Long time follower, first time comment. THANK YOU for your pioneering work in Access to Justice. I am a strong proponent of navigators and want to help in any way. My sphere of influence is the faith-based world. While I focus on Christians, I intentionally work with all faiths particularly Jews and Muslims. Wanted to make you aware of unique work being done by the Tennessee Access to Justice Commission which is holding the first faith based summit on access to justice this Monday at Lipscomb University. This is another untapped resource in our country by engaging places of faith in support, volunteers, and encouragement of private attorneys in getting more engaged.
I am one of the presenters along with Paul Monteiro whio is on staff with the White House in the Faith Based Initiatives arena. I am leading a workshop at the Equal Justice Conference on Restoring Faith in Justice which is a panel with Bet Tzedek (a great Jewish organization), CAIRN (a wonderful muslim organization) and Neighborhood Christian Legal Clinic (a Christian organization). I saw you are at the conference as well and hope to meet you. Keep up the great work. Whether we might agree on matters of faith or not, I want you to know I am praying for your cancer. You are deeply appreciated.

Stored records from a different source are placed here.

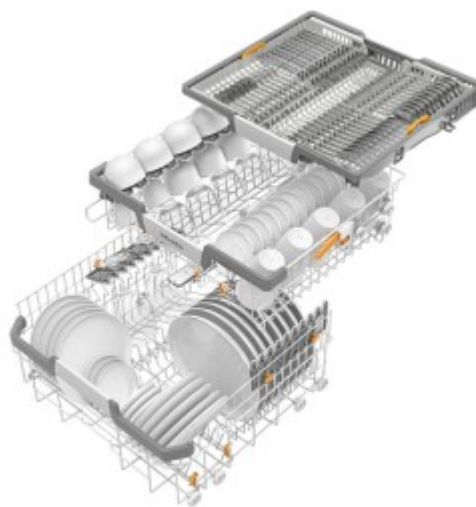

Коммерческое предложение

№ 60 от 09-06-2026

Встраиваемая посудомоечная машина Miele G 7460 SCVi

13700.00р.

(Цена без учета доставки)

BrilliantGlassCare	Есть
ECO	Есть
IntenseZone	Есть
QuickPowerWash	Есть
Автоматическая	Есть
Автоматическое дозирование с PowerDisk	Есть
Активная конденсационная сушка	Есть
Блокировка запуска	Есть
Вес брутто, кг	57
Вес, кг	48
Вид	полностью встраиваемая
Вместимость, комплектов	14
Время отсрочки старта, ч	24
Высота ниши, см	80.5-87
Высота упаковки, см	97
Высота, см	80.5
Гигиена	Есть
Глубина ниши, см	57
Глубина прибора с открытой дверцей, см	116.5
Глубина упаковки, см	64
Глубина, см	55
Двигатель	Стандартный
Деликатная	Есть
Держатель для бокалов FlexCare	Есть
Держатель для чашек FlexCare	Есть
Дисплей	<ul style="list-style-type: none">• текстовый• однострочный
Длина сетевого кабеля, м	1.8
Длина шланга подачи воды, м	1.5
Длина шланга слива воды, м	1.5
Доводчик	ComfortClose
Защита от протечек	Waterproof
Индикатор «Фильтр»	Есть
Индикатор наличия соли и ополаскивателя	Есть

Описание товара

Архитектурная база и материалы

Miele G 7460 SCVi — встраиваемая посудомоечная машина, рассчитанная на 12 комплектов посуды. Устройство имеет компактные габариты, что делает его подходящим для установки в ограниченном пространстве. Для монтажа требуется вентиляционная ниша с минимальными размерами: высота 650 мм, глубина 600 мм. Вентиляционное отверстие должно быть подключено к общей системе вентиляции кухни или вытяжной трубе, ведущей наружу. Сопротивление воздушного потока не должно превышать 200 Па. Важно учитывать, что расстояние от вентиляционного отверстия до потолка должно быть не менее 50 мм. Устройство оснащено двумя корзинами для посуды и лотком для столовых приборов, что позволяет равномерно распределить загрузку и повысить эффективность цикла мойки.
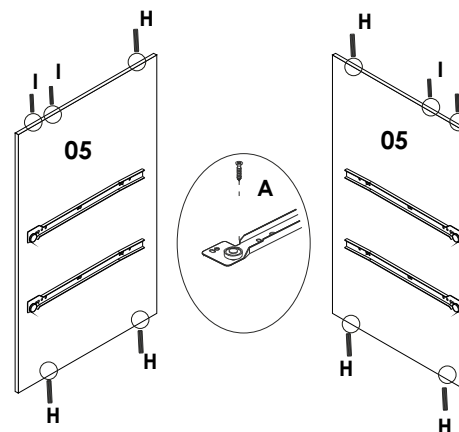

ROUPEIRO
ESTRELA
06 PORTAS

LISTA DE PEÇAS

CÓD.	Nº.	DESCRIÇÃO	COMP.	LARG.	ESP.	QT
13361	01	Rodapé Frontal Roupeiro Estrela	1476	110	12	1
13362	02	Rodapé Traseiro Cru Roupeiro Estrela	1476	110	12	1
13364	03	Travessa Rodapé Cru Roupeiro Estrela	341	110	12	2
13359	04	Lateral Esquerda/Direita Roupeiro Estrela	1730	385	12	2
13370	05	Divisão Inferior Roupeiro Estrela	457	385	12	2
13373	06	Base Menor sem Furo Roupeiro Estrela	484	385	12	2
13374	07	Prateleira/Tampo Roupeiro Estrela	1476	385	12	2
13363	08	Batente da Porta Roupeiro Estrela	1068	110	12	2
13367	09	Suporte Costa Roupeiro Estrela	1068	110	12	1
13369	10	Moldura Superior Roupeiro Estrela	1476	70	12	1
13378	11	Costa Roupeiro Estrela	1495	385	3	4
13366	12	Frente da Gaveta Roupeiro Estrela	495	229	12	2
13371	13	Lateral da Gaveta Roupeiro Estrela	300	110	15	4
13368	14	Traseiro Gaveta Roupeiro Estrela	428	70	12	2
13372	15	Fundo da Gaveta Roupeiro Estrela	445	310	3	2
13360	16	Porta Maior Roupeiro Estrela	1550	245	12	4
13365	17	Porta Menor Roupeiro Estrela	1085	245	12	2

LISTA DE FERRAGENS

A  Parafuso 3,5x12 X137	B  Parafuso 3,5x40 (Traseiro Gaveta) X04	C  Parafuso 5x40 (montagem estrutura) X20
D  Parafuso 3,5x25(Puxador gaveta) X16	E  Puxador X08	F  Prego 8x8 X60
G  Cantoneira 4 furos metálica X04	H  Cavilha 6x30 X18	I  Cavilha 6x50 X04
J  Suporte Cabide X02	K  Conector de montagem X02	L  Tubo Cabideiro 1468mm X01
M  Espelhos X02	N  Corrediça 300 mm X02	O  Pés do Roupeiro X08
P  Suporte Cabideiro Central X01	Q  Dobradiça X16	R  Calço Dobradiça X16
S  Parafuso 3,5x20	T  Perfil H	

Medidas em mm

01 Início da Montagem

02 Montagem das Laterais

03 Montagem da Divisão Inferior

04 Fixação das Laterais no Rodapé

05 Fixação do Tampo Intermediário e divisões.

06 Fixação da Batente da Porta.
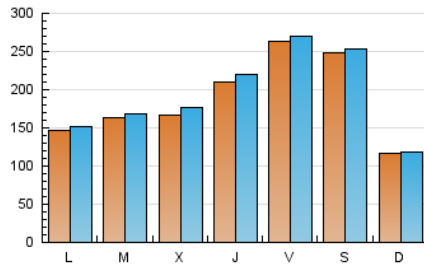

1. Cifras totales y promedios (Nacional e Internacional)

MES - AÑO	NAVEGADORES UNICOS	VISITAS	PAGINAS
Marzo - 2023	473.216	611.333	677.936
PROMEDIO DIARIO	19.024	19.720	21.869
PROMEDIO LUNES-VIERNES	19.306	20.097	22.420
PROMEDIO SABADO-DOMINGO	18.211	18.639	20.286
PAGINAS / VISITAS	1,11		
DURACION MEDIA VISITAS	0:00:55		
DURACION MEDIA PAGINAS	0:08:14		

2. Secciones (Nacional e Internacional)

	PAGINAS	%
HOME	5.621	0.83 %
RESTO	672.315	99.17 %

3. Por día del mes (Nacional e Internacional)

Día	N. únicos	Visitas	Páginas	Día	N. únicos	Visitas	Páginas	Día	N. únicos	Visitas	Páginas
1	8.931	9.449	10.808	11	54.516	55.572	59.372	21	10.226	10.741	12.338
2	35.906	37.248	41.351	12	17.219	17.550	19.336	22	9.026	9.619	10.865
3	26.456	26.961	29.767	13	24.025	25.500	28.858	23	8.439	8.892	10.074
4	26.485	27.285	29.328	14	23.465	23.799	26.420	24	5.828	6.074	6.998
5	11.835	12.047	13.116	15	36.571	38.616	42.246	25	3.675	3.848	4.892
6	7.223	7.537	8.436	16	17.999	18.792	20.841	26	7.766	7.899	8.817
7	12.219	13.082	15.040	17	16.154	16.674	18.736	27	19.713	20.124	21.821
8	9.744	10.313	11.887	18	14.359	14.812	16.323	28	19.409	19.894	21.648
9	24.428	25.314	28.104	19	9.832	10.096	11.103	29	19.215	20.547	25.523
10	67.647	68.776	73.454	20	7.495	7.700	8.772	30	18.012	19.710	22.691
								31	15.915	16.862	18.971

4. Gráficas (Nacional e Internacional)

4.1 Por día de la semana (promedio)

N. únicos / Visitas (x 100)

Páginas (x 100)

4.2 Por franja horaria (promedio)

Visitas_ (x 1000)

Páginas (x 1000)

4.3 Por meses
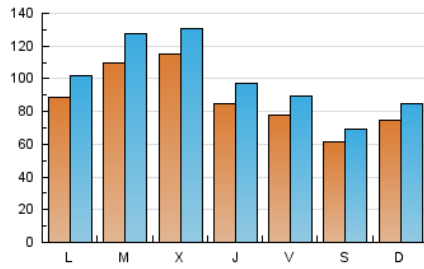

4. Gràfiques (Nacional i Internacional)

4.1 Per dia de la setmana (promig)

N. únics / Visites (x 100)
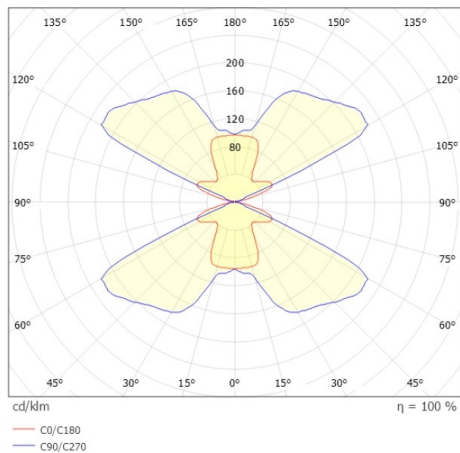

NOVEL

472-39270140

NOVEL W WANDAUFBAULEUCHTE aus Aluminium, natur eloxiert, Lichtaustritt direkt/- indirekt, mit Betriebsgerät, Dimmbarkeit: nicht dimmbar, IP20,

SKIZZE

TECHNISCHE DETAILS

Systemleistung [W]	8
Leuchtmittel	LED
Lichtstrom [lm]	295
Lichtfarbe [K]	2700K
CRI	>90
Betriebsgerät	mit Betriebsgerät
Dimmbarkeit	nicht dimmbar
Lichtaustritt	direkt/- indirekt
Spannung [V]	220-240V 50/60Hz
Material	Aluminium
Länge [mm]	100
Breite [mm]	100
Höhe [mm]	100
Schutzart [IP]	IP20
Schutzklasse	Schutzklasse I
Nettogewicht [kg]	0,68
Farbe Leuchte	natur eloxiert
EAN-Nummer	9010506027204
Lebensdauer [h]	L80 B10 20 000
Energieeffizienzkl.	D

LICHTVERTEILUNGSKURVE

Die Werte sind Bemessungswerte. Leistung und Lichtstrom unterliegen initial einer Toleranz von +/- 10%. Toleranz der Farbtemperatur: +/- 150 K. Die Werte gelten wenn nicht anders angegeben für eine Umgebungstemperatur von 25°C.
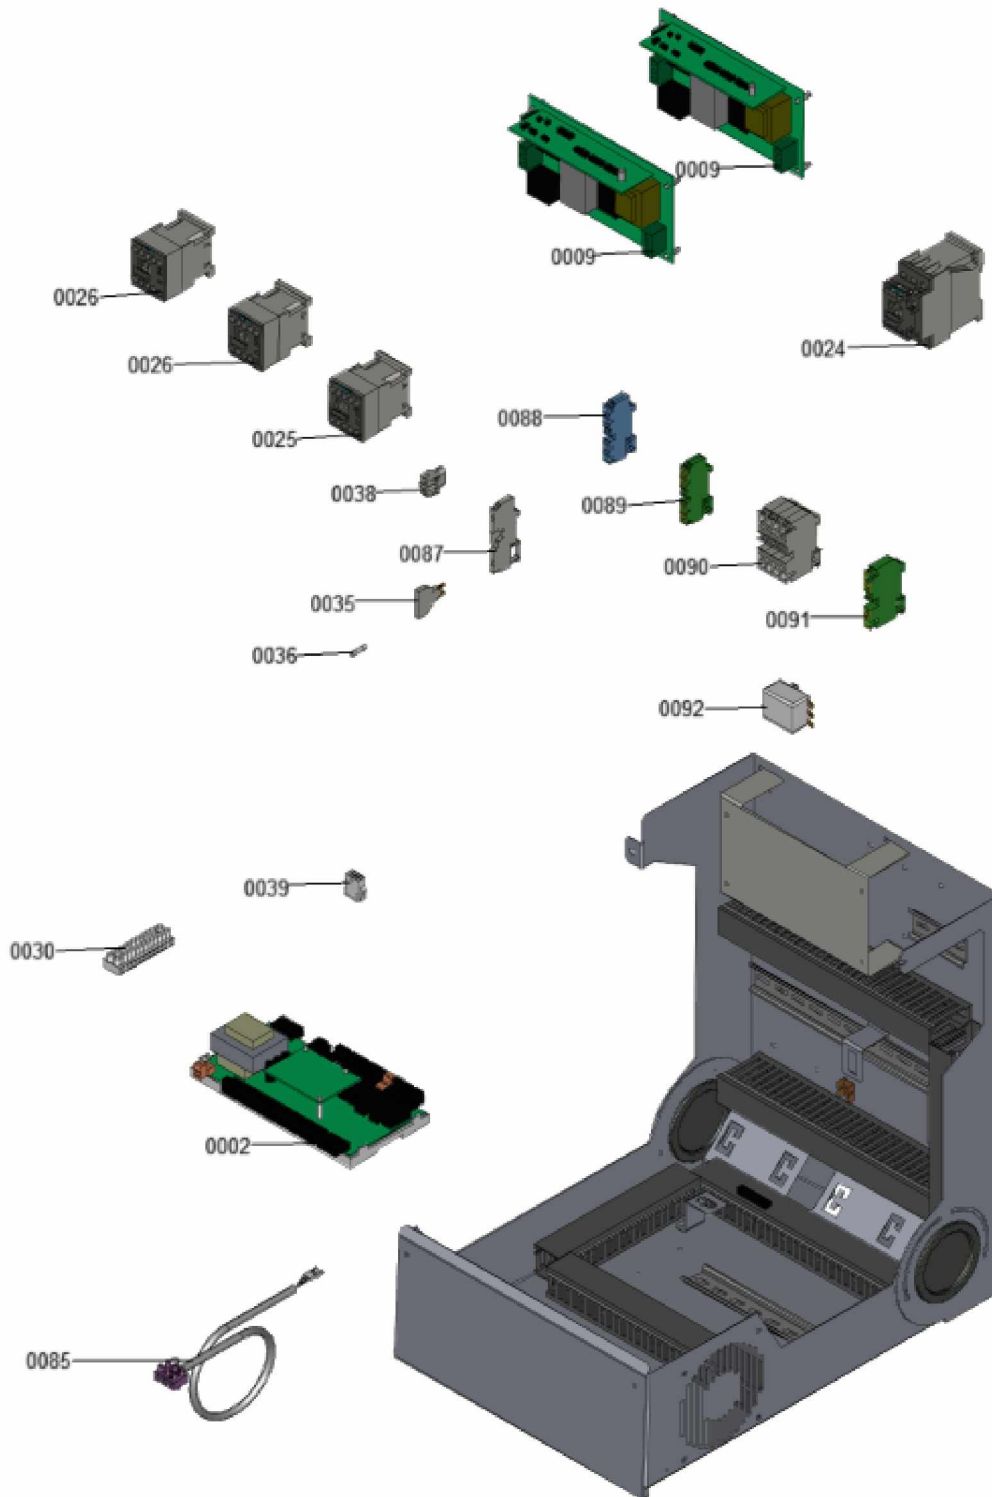

1.2. Graphique 7360077
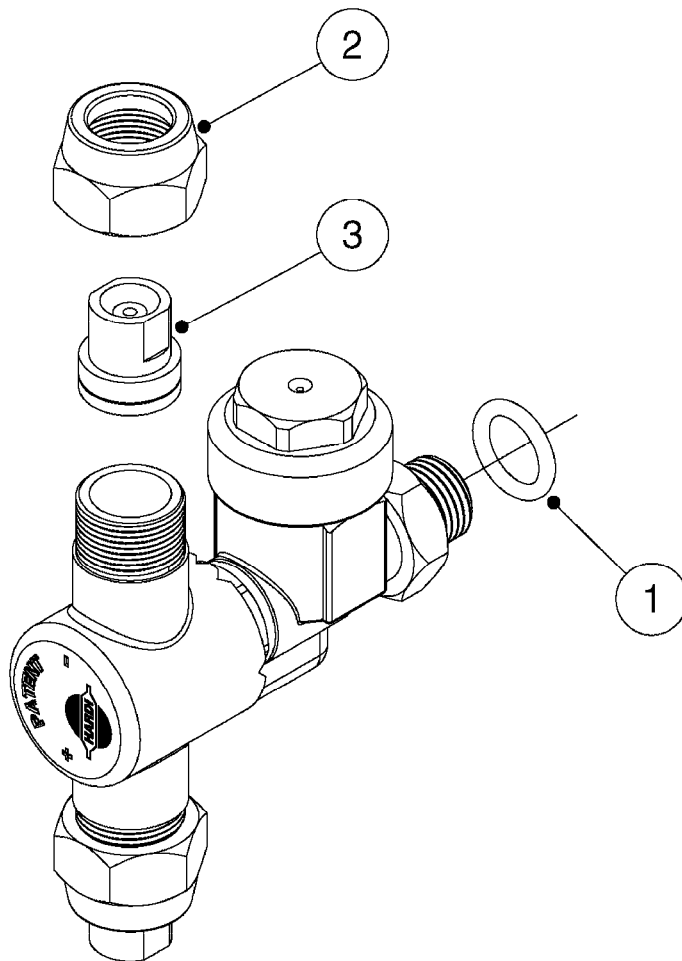

Date 12.08.2020 11:28

parts-n°	order qty	description
119056	1	CENTER WHEEL F.30"/32" FAN
149397	1	FLANGE F.CENTER WHEEL 30"/32"
159982	1	DISTANCE TUBE FOR 820
210772	1	BALL BEARING 6208 2RS1
210826	1	SEAL OIL 45 X 10
284211	1	SNAP-RING INNER 80X2.5
339041	1	CAP FOR FAN
410362	1	BOLT HEX 8.8 SS M6X20
459058	1	ALLEN SCREW M10X80
460423	1	NUT HEX M10X1.50 LOCK DIN985A2 SS
471072	1	WASHER M10 EL2
471106	1	WASHER D6
726925	1	CENTRIFUGAL CLUTCH D. 245
915802	1	SET SCREW DIN 913 6X6
70037802	1	FAN - AXIAL 32" POLY

G0330

NOZZLES - AXIAL JET 1/4 X 1
G0330-HIN, 01:01:16

Page 1

Date 12.08.2020 11:28

parts-n°	order qty	description
289474	1	NOZZLE HOLDER SIMPLE, NON-DRIP
289499	1	NUT M11X1
289500	1	BOLT FOR NOZZLE HOLDER
289501	1	O-RING 11 X 2.5
289503	1	SPRING
289504	1	NOZZLE POSITION LOCK
289505	1	NON-DRIP ASSY.BRASS NOZ.HOLDER
289506	1	NON-DRIP DIAPHRAGM
289507	1	NUT
289508	1	O-RING/NOZZLE HOLDER NON-DRIP
289509	1	NOZZLE BODY
289510	1	SINGLE NOZZLE BODY
289546	1	NUT F.NOZZLE HOLDER ZENIT
371510	1	NOZZLE CONE JET 1299-12 YELLOW
371511	1	NOZZLE CONE JET 1299-14 ORANGE
371512	1	NOZZLE CONE JET 1299-16 RED
70009302	1	SINGLE NOZZLE HOLDER ZENIT

NOZZLES - AXIAL JET 1/4 X 2
G0340-HIN, 01:01:16

Page 0
Date 12.08.2020 11:28

G0340

NOZZLES - AXIAL JET 1/4 X 2
G0340-HIN, 01:01:16

Page 1
Date 12.08.2020 11:28

parts-n°	order qty	description
289401	1	JET 1/4" DOUBLE alt 70009602
289497	1	NOZZLE HOLDER - DOUBLE
289498	1	NUT NOZZLE HOLDER
289499	1	NUT M11X1
289500	1	BOLT FOR NOZZLE HOLDER
289501	1	O-RING 11 X 2.5
289503	1	SPRING
289504	1	NOZZLE POSITION LOCK
289505	1	NON-DRIP ASSY.BRASS NOZ.HOLDER
289506	1	NON-DRIP DIAPHRAGM
289507	1	NUT
289508	1	O-RING/NOZZLE HOLDER NON-DRIP
289509	1	NOZZLE BODY
371510	1	NOZZLE CONE JET 1299-12 YELLOW
371511	1	NOZZLE CONE JET 1299-14 ORANGE
371512	1	NOZZLE CONE JET 1299-16 RED
70009602	1	DOUBLE NOZZLE HOLDER MR
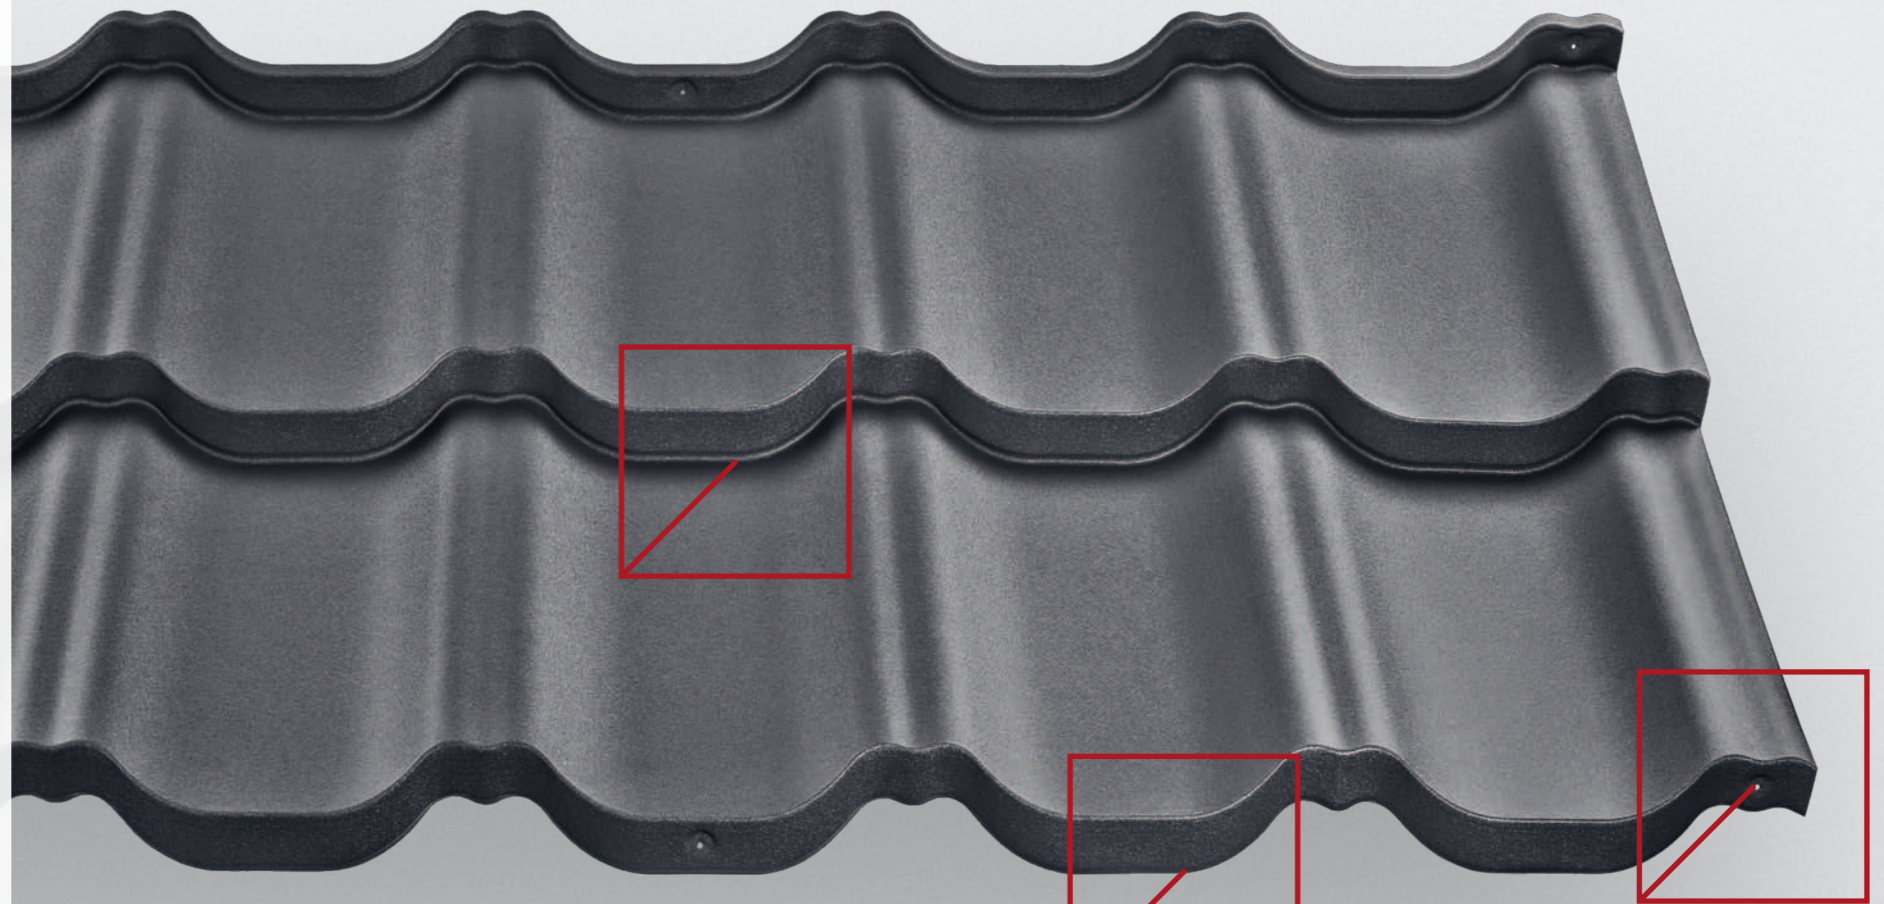

## Pokoj na dlhé roky.

Kvalita našich striech znamená bezpečnosť na mnoho rokov.

SSAB

ArcelorMittal

  
Venecja

INŠPIROVANÁ  
TALIANSKYM ŠTÝLOM 

PRÍKLADOVÉ REALIZÁCIE

Celková šírka tabule:	1190 mm
Efektívna šírka tabule:	1150 mm
Šírka medzi vrcholmi vln:	230 mm
Celková dĺžka tabule:	736 mm
Efektívna dĺžka tabule:	700 mm
Dĺžka modulu:	350 mm
Celková výška:	61 mm
Výška pretlačenia:	35 mm
Výška vlny:	26 mm
Krycia plocha tabule:	0,805 m <sup>2</sup>
Hrúbka plechu:	0,5 mm
Zinkový povlak:	min. 275 g/m <sup>2</sup>
Hmotnosť tabule:	max 3,7 kg
Rozmery palety:	1200 x 800 x 940 mm
Počet tabúl na palete:	350 ks
Počet vrstiev/tabúl na palete:	10/35 ks
Množstvo efektívnych m <sup>2</sup> na palete:	281,75 m <sup>2</sup>
Hmotnosť palety:	~1320 kg
Minimálny sklon strechy:	9° (15%)
Odporúčaný sklon strechy:	>25%
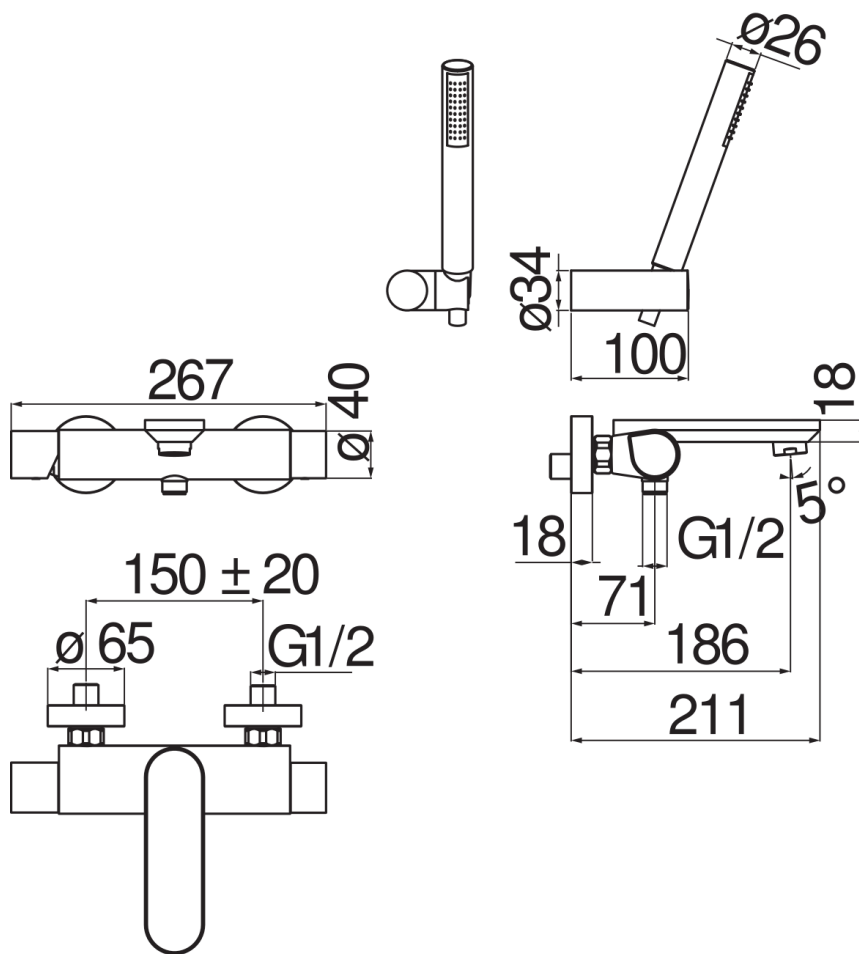

SPEZIFIKATIONEN

AP-Einhebelmischer mit Brause Set  
Chrome  
Luftsprudler mit Antikalk-Funktion M 28 x 1  
mit beweglichem und verstellbarem Brausehalter  
Handbrause mit Normalstrahl und Brauseschlauch 150 cm  
Wasserspar-Durchflussbegrenzer 50%  
Verpackung: 37,1 x 23,7 x 11 cm / 0,009671 m<sup>3</sup> / 3,773 kg

ZERTIFIZIERUNGEN

FLÜSSIGKEITS DIAGRAMM: HEISSES / KALTES WASSER

FLÜSSIGKEITS DIAGRAMM: GEMISCHT WASSER

It is a mistake to believe that a lower hourly fee, regardless of whether the service is provided by a lawyer or someone else, is a solution to the affordability of legal services. If Service Provider X charges $200/hour and finishes the job in two hours and Service Provider Y charges $40/hour and takes 11 hours to do the job, the client actually pays more. We need to work on the expansion of the many options for compensation that lawyers are now providing. We don’t hear critics complaining about the “affordability” of contingency fees, which could be used for legal services far beyond personal injury. We don’t hear people complain about shifted fees, which are available to tenants and consumer issues in some jurisdictions. Lawyers are experimenting with set fees, for example for incremental aspects of unbundled services.
Two things happen when we focus on the billable hour for personal legal services. First, we rob the potential client of making a determination of whether the services is of value to him or her. Cost + outcome = value. If the person has no basis to determine the ultimate cost, they cannot determine whether the service is worth it. This may be more of a reason for the proliferation of self-representation than the presumption that the services are unaffordable. Second, the focus on the billable hour makes it too easy to advance a mythology that personal legal services in general are unaffordable and therefor the solution is not alternative billing methods by lawyers, but alternative legal service providers. To that extent, both the conversation and the alternatives are misdirected.